果然,那小鬼就算偶尔有两句实话也缺斤少两。
虽然不知道一只雾鬼的王和慕枫到底哪来的联系,但现在已经没有时间继续探究。
很快隐去眼底的异色,昭皙最后看了眼彻底阴沉下来的天色,仅存的笑意彻底淡去。
“感谢解答,既然你也准备得差不多了……”
肆虐湿冷的风中,昭皙手中的刀没有任何技巧的向后挥出,在将那只悄无声息靠近的雾鬼钉死的刹那,声音冷厉:
“准备好去死了吗?”
天空中的阴云中,数千雾鬼聚集。
它们早已注意到了这场异变,和木析榆一样等待着结果。
对它们来说,无论是新王诞生还是陨落,都不亏。
穿过街口,看着空中忽然凝聚的脉络,少年向前脚步微顿,和胸前那条锋利的细线间只差了不到一毫米的距离。
但凡他这步迈出去,就是个被分尸当场的下场。
默默无言收回迈出一半的腿,木析榆仰头看向远处翻涌的浓雾,
很强。
他想:不过还是不够。
不是能力不够,而是不够了解。
人类对雾鬼的认知太有限了,缺失的知识会让他在关键时候失去机会。
更何况,还有那把刀……
他一度怀疑在那个人杀掉雾鬼前,那把刀就会率先吃了他。
就在他思索的功夫,眼前的脉络忽然失去实体,紧接着迅速收拢。
就连刚刚被那只水母强行伤到精神,昭皙都没有收拢过精神,这个举动意味着,那个人已经无法再维持大范围的感知。
木析榆瞳孔微缩,下一刻,便失去了自己留下的那枚硬币全部的感知。
忽然狂暴的浓雾从前方炸开,剧烈的风浪裹挟着雾气居然硬生生逼得他后退一步。
无数急切而混乱的声音夹在其中,可木析榆一句都没能听清,只有两个念头从脑海中划过——
结束了吗?
我能……留下他了吗?
最后几个字夹杂着某种怪异的感觉,他下意识捂住心口,明明应该觉得高兴,可不知为什么,他居然没能扯出一个笑容。
穿过最后一个拐角,在看清空地上的景象时,木析榆的脚步却猛然顿在了原地。
逐渐散开的雾中,昭皙一手撑着刀半蹲在地。

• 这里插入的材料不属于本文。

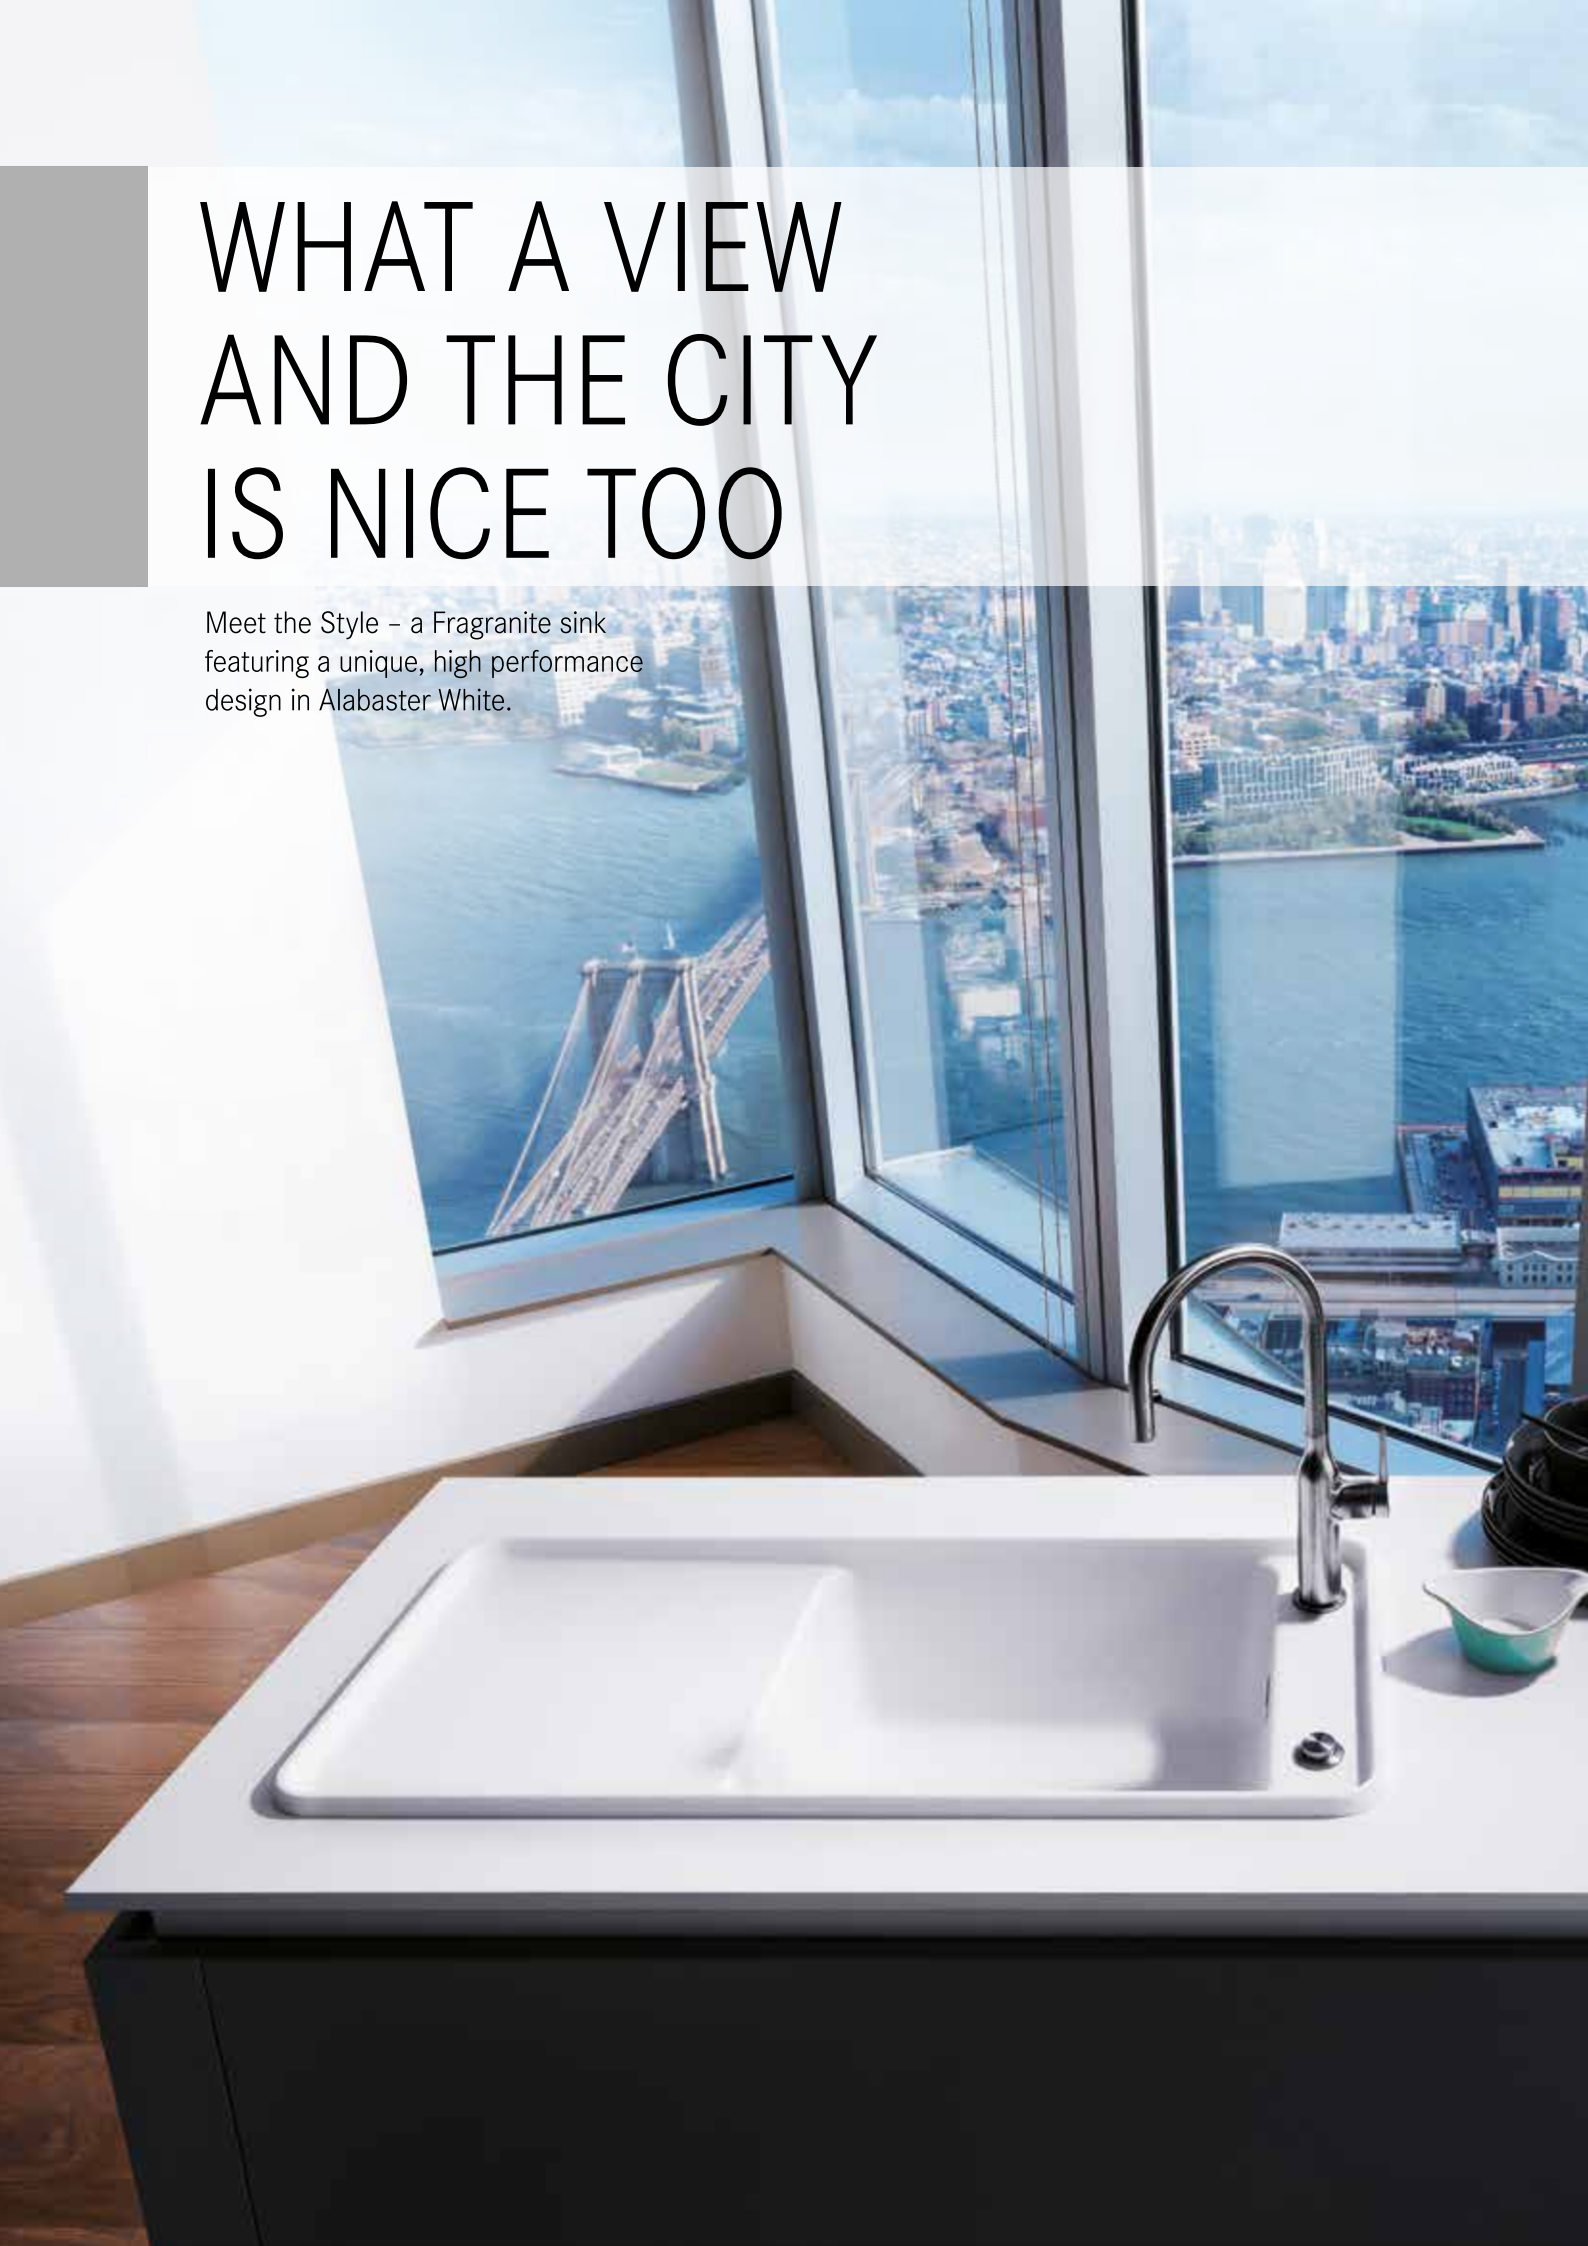

WHAT A VIEW AND THE CITY IS NICE TOO

Meet the Style - a Fraganite sink featuring a unique, high performance design in Alabaster White.

他的头向前低垂,黑色的衬衫黏腻在身上,浓稠的血迹顺着漆黑的发尾滴落,生死不知。
而他的刀下,镇长身上的雾气正在飞速散开,逐渐褪去灰白的眼中尽是不甘和愤怒。
虽然这远不足以杀死它,但引线先一步死去,周边聚集的精神力也被那把极度贪婪的刀吞吃大半。
化型失败。
木析榆惊愕地看着这一幕,目光最终停留在那人肩胛被水母触手洞穿的伤口上。
[失败了!?居然又失败了!]
[人类!人类!人类!]
[你们怎么敢!?]
重叠而愤怒的声音从镇长的躯壳挣脱,化为一团巨大的灰白水母。
它怒不可遏,尽管化型失败,但毕竟吞吃了那么多精神,瘦死的骆驼比马大,它依然极度危险,甚至不是普通雾鬼可以比拟的。
歇斯底里半晌,忽然间,它死死盯着眼前陷入反噬的人类,忽然顿住。
[不,还没有结束!]
猛然想到什么,它的声音逐渐变得贪婪:[对,你的精神,还有那个古怪的东西……]
[还有机会,对!还有机会!]
瞬间伸展的触手毫不犹豫朝昭皙袭去。
木析榆眯了下眼,几乎是瞬间上前。
而本以为失去意识的昭皙尽管精神一片混乱,但无数次生死间的本能依然让他察觉到了异动,竭力睁开被血色浸染的双眼,握住刀的手缓缓收拢。
可就在他准备强行起身时,握住刀的手忽然间被微凉的触感轻缓但不容拒绝地一点点压下。
紧接着,一道熟悉的身影将他拥住。
噗呲——
血肉被刺穿的声响让昭皙下意识抬眼,却只看到了那头越过自己肩膀的白发。
“木析榆?”
“嘘。”木析榆松开按住他刀柄的手,转而轻扣住昭皙的脖颈靠近自己的肩膀,没让他看自己那只被穿透灼烧的手,声音出奇的平稳:“你的精神状态很乱,先处理你那把刀。”
昭皙半阖着眼没有回答,但最终没有拒绝。
等到耳边的气息逐渐平稳,木析榆没理会高处那只充满惊惧的雾鬼,反而朝站在眼前的那个“自己”招手。
“来。”
木析榆的声音很平静,少年看了他片刻,却意识到什么般,一步步走到“自己”面前。
站定的那一刻,他和自己对视。
伸手扣住那张属于自己年少时的脸,木析榆的声音很轻:“你不该为了把他留下,连我都想隔绝在外。”
“而且……你把他想的太简单了。”
小动作被发现,少年脸上闪过一丝异样,却又很快镇定下来:“我的行为是你的映射。”
说完,他注视着木析榆,像在嘲笑他的虚伪:“是你想把他留下,这才是你我的本能。”
两张近乎相同的面孔遥遥相对,木析榆终究没有否认:“是。”
说着,他扯了下唇,却没有丝毫动摇:“所以我才要纠正。”
没再给他开口的机会,木析榆看着手指阴影下那张逐渐泛起恐惧的脸,丝毫没有留情地猛然用力。
砰!
头颅碎裂的声响过后,木析榆漠然看着手中的雾鬼连带着自己的精神一同碎裂,才终于仰头看向充满惊惧望向自己的水母。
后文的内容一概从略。